[Opening Data for processing section]

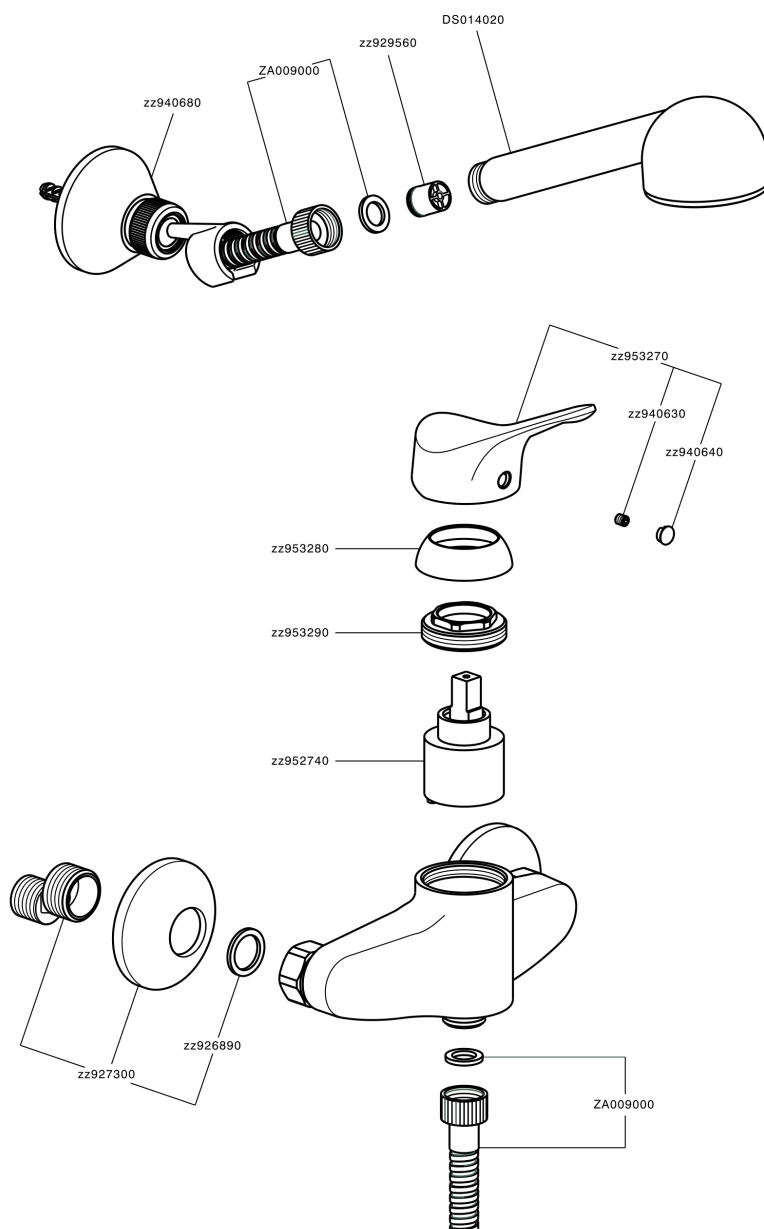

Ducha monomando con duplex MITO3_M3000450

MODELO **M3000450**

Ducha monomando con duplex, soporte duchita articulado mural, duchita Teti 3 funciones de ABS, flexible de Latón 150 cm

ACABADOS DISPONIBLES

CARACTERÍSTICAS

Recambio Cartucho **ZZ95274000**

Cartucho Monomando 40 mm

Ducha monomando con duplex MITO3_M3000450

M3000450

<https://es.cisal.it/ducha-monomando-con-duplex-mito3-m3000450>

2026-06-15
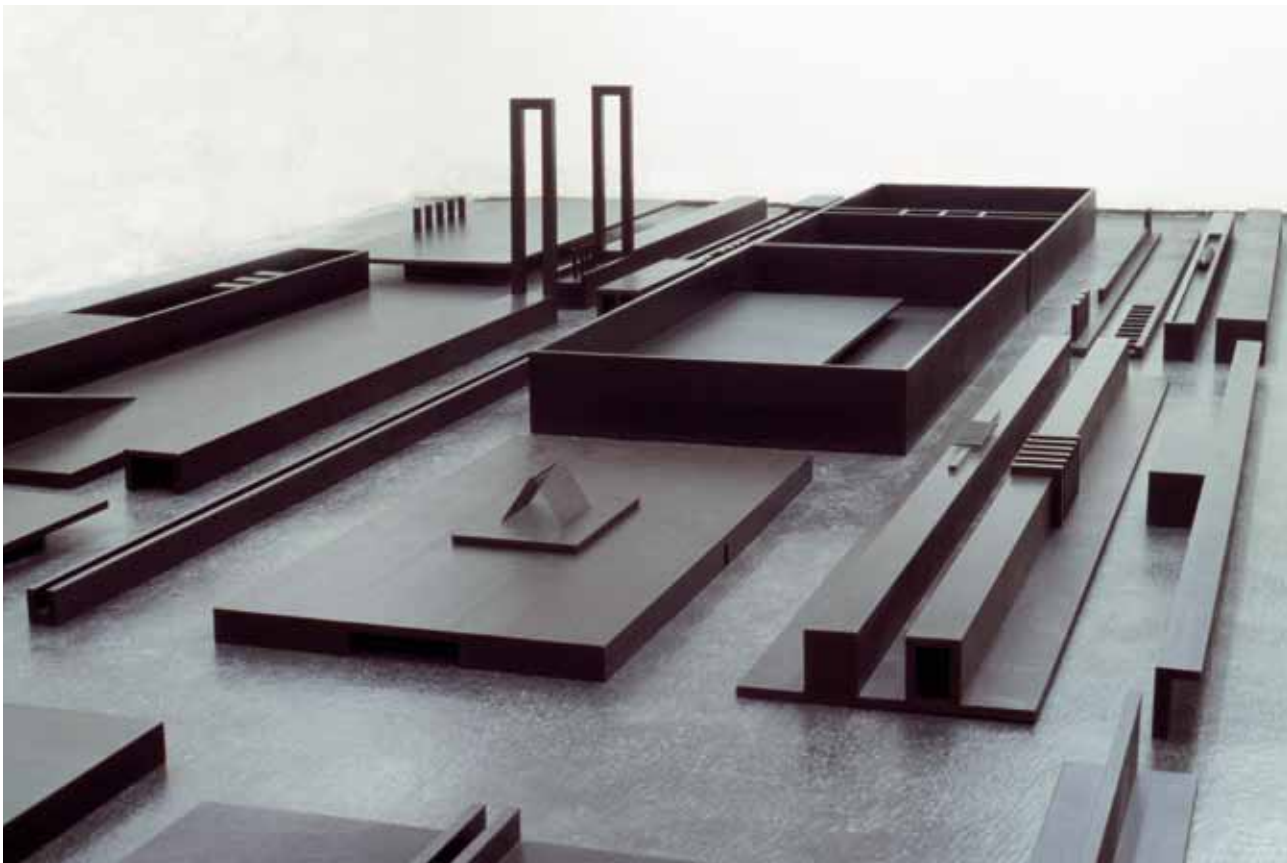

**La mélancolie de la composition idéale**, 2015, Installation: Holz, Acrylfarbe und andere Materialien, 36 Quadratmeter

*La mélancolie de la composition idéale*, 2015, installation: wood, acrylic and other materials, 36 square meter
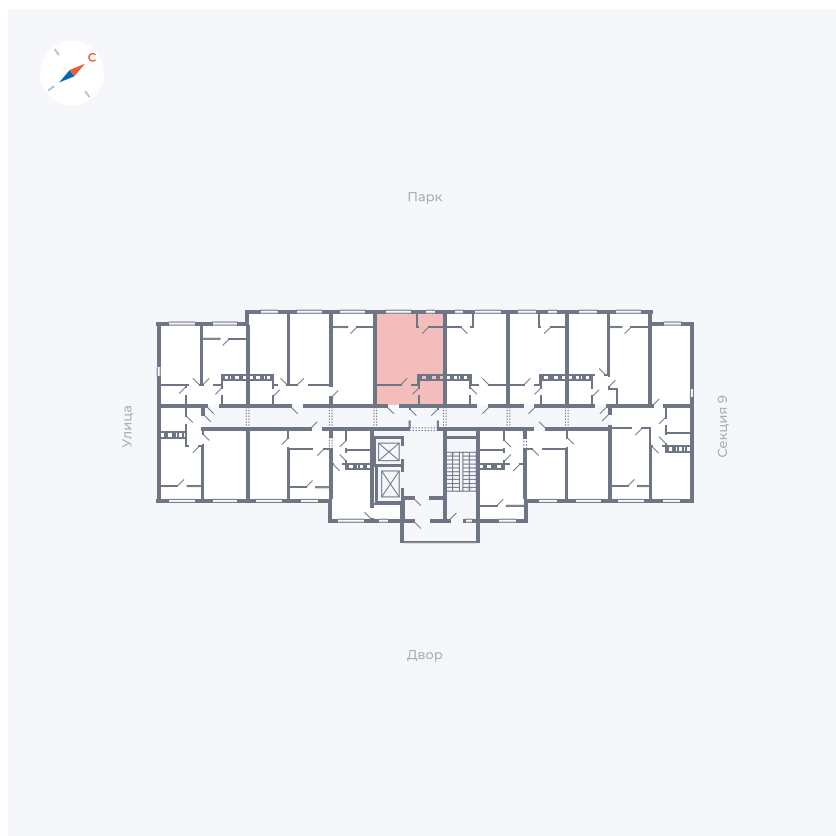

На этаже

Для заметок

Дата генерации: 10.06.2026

[Closing Data for processing section]
[Opening Data for processing section]

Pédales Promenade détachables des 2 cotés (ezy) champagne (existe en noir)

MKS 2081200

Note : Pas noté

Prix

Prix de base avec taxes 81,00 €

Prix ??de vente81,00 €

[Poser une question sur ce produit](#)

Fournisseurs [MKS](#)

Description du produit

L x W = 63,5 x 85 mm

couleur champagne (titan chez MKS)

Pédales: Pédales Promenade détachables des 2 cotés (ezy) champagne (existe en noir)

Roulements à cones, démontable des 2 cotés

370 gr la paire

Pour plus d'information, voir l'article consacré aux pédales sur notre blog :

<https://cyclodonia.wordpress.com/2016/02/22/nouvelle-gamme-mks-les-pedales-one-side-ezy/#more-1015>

[Closing Data for processing section]
[Opening Data for processing section]

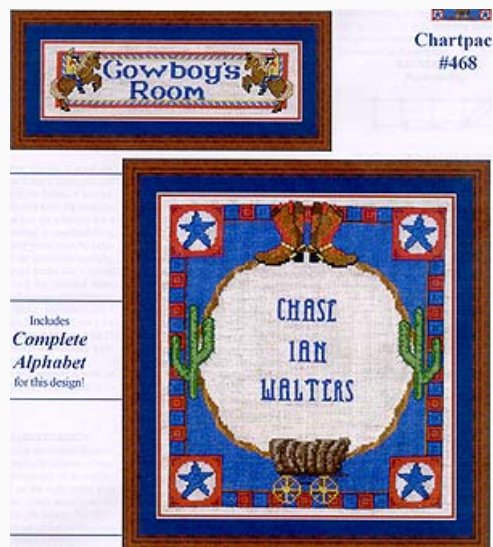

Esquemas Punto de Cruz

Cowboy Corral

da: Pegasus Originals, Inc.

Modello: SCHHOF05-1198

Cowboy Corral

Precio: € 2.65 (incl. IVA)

[Closing Data for processing section]

* _The task_:
Each line above that carries the string "détachables" has to be returned.

* _Result of the exercise_:
Pédales Promenade détachables des 2 cotés (ezy) champagne (existe en noir)
Pédales: Pédales Promenade détachables des 2 cotés (ezy) champagne (existe en noir)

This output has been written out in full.